- **Records provided**

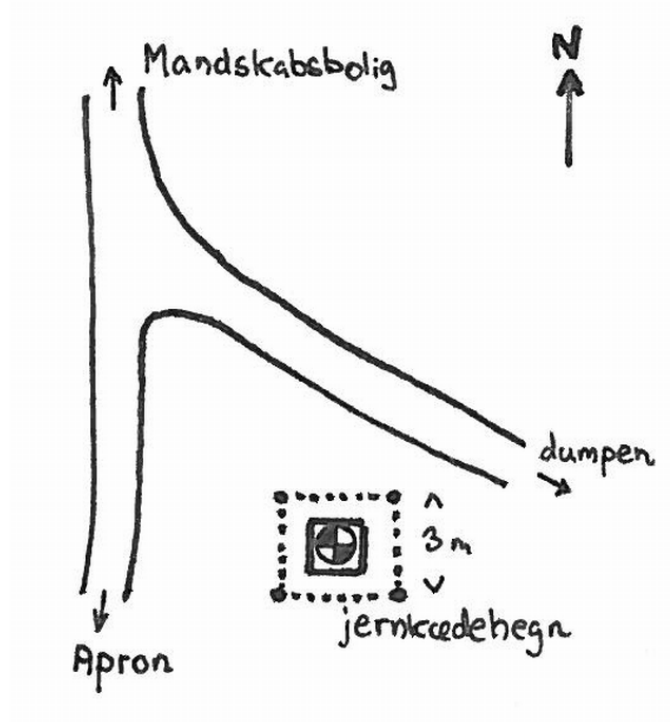

## GRAVITY STATION: 1001 Station Nord Astro

Coordinates (° ' "): 81 36 02 -16 39 12

Elevation (m): 39.8

Gravity value (mGal):

Monumentation: Bolt

Station Nord, north-east Greenland. 70 cm concrete pillar, fenced by a low iron chain fence. Monumented by bronze plug. Gravity station on top of pillar.

Described by:  
Sinding 1980

- **Requirement**
Transcribe the data completely. No pictures should appear in the transcription.

- **Response to the task**
## GRAVITY STATION: 1001 Station Nord Astro

Coordinates (° ' "): 81 36 02 -16 39 12

Elevation (m): 39.8

Gravity value (mGal):

Monumentation: Bolt

Station Nord, north-east Greenland. 70 cm concrete pillar, fenced by a low iron chain fence. Monumented by bronze plug. Gravity station on top of pillar.

Described by:  
Sinding 1980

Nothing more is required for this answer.